Exercise description
Leaving out the images, please output every entry exactly as it appears.

Data records
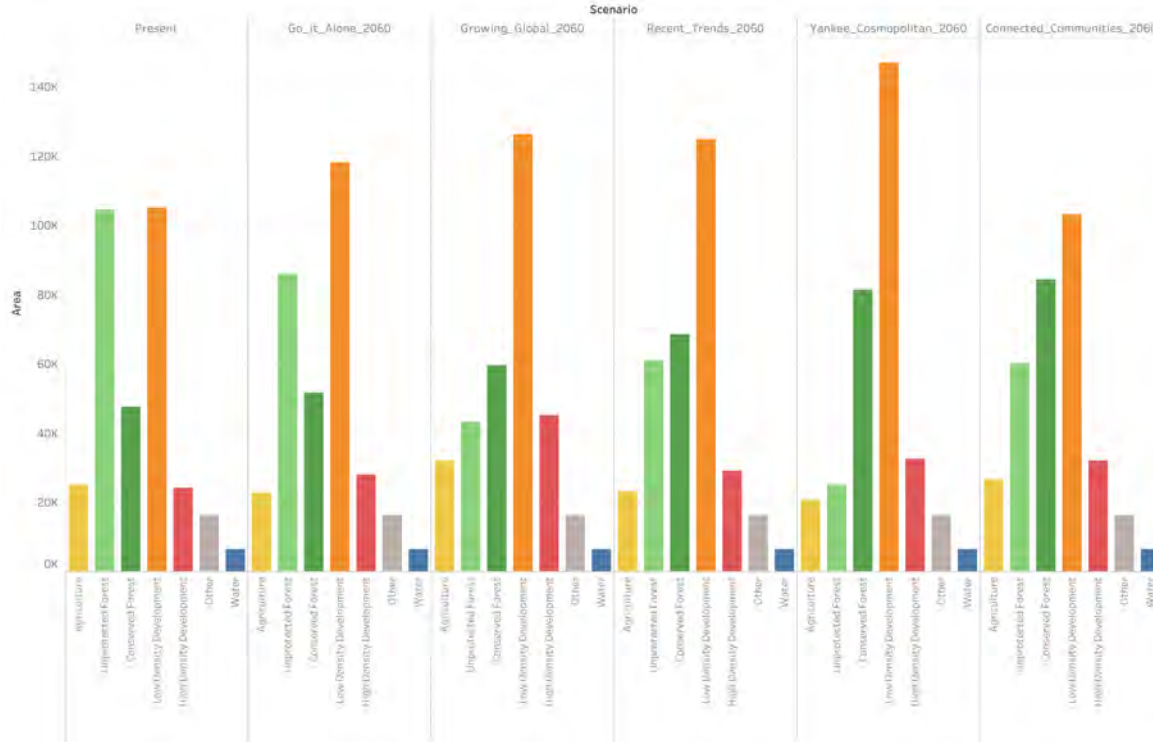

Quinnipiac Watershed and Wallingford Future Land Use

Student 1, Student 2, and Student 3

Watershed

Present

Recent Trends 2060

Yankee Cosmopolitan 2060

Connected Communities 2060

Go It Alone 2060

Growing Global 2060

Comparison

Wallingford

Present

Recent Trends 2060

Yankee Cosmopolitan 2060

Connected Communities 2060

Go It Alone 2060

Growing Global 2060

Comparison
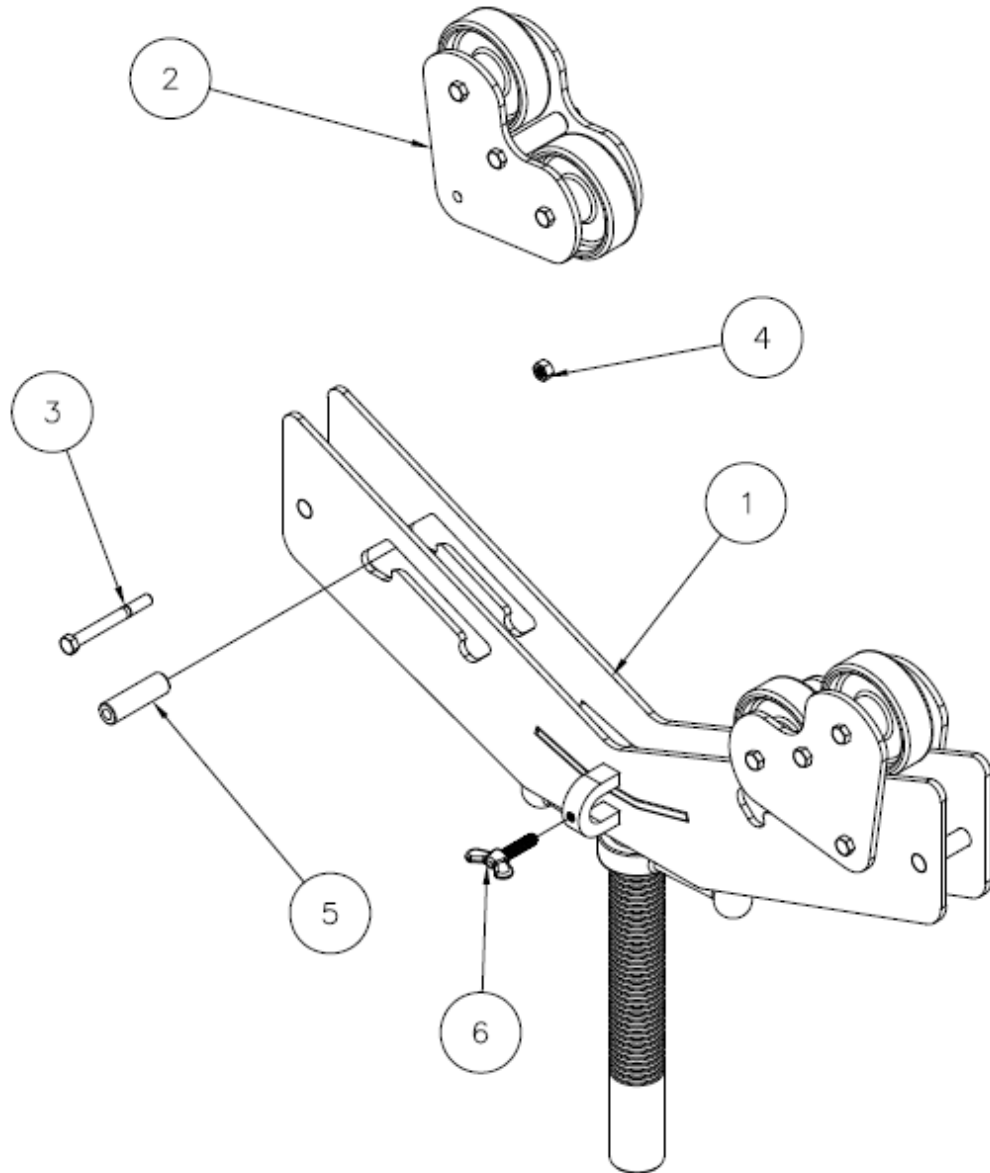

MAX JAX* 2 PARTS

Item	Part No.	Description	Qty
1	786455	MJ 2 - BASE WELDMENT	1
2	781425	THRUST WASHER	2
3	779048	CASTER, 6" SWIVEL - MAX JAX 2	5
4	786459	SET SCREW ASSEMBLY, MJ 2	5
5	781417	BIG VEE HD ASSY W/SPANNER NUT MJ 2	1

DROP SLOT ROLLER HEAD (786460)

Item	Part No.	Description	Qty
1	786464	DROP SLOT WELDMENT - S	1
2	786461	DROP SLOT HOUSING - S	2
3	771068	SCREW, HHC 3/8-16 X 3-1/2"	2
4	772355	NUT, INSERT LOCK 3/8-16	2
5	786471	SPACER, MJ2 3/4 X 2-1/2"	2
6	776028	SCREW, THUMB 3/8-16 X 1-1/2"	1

Exercise response
Quinnipiac Watershed and Wallingford Future Land Use

Student 1, Student 2, and Student 3

Watershed

Present

Recent Trends 2060

Yankee Cosmopolitan 2060

Connected Communities 2060

Go It Alone 2060

Growing Global 2060

Comparison

Wallingford

Present

Recent Trends 2060

Yankee Cosmopolitan 2060

Connected Communities 2060

Go It Alone 2060

Growing Global 2060

Comparison

MAX JAX* 2 PARTS

Item	Part No.	Description	Qty
1	786455	MJ 2 - BASE WELDMENT	1
2	781425	THRUST WASHER	2
3	779048	CASTER, 6" SWIVEL - MAX JAX 2	5
4	786459	SET SCREW ASSEMBLY, MJ 2	5
5	781417	BIG VEE HD ASSY W/SPANNER NUT MJ 2	1

DROP SLOT ROLLER HEAD (786460)

Item	Part No.	Description	Qty
1	786464	DROP SLOT WELDMENT - S	1
2	786461	DROP SLOT HOUSING - S	2
3	771068	SCREW, HHC 3/8-16 X 3-1/2"	2
4	772355	NUT, INSERT LOCK 3/8-16	2
5	786471	SPACER, MJ2 3/4 X 2-1/2"	2
6	776028	SCREW, THUMB 3/8-16 X 1-1/2"	1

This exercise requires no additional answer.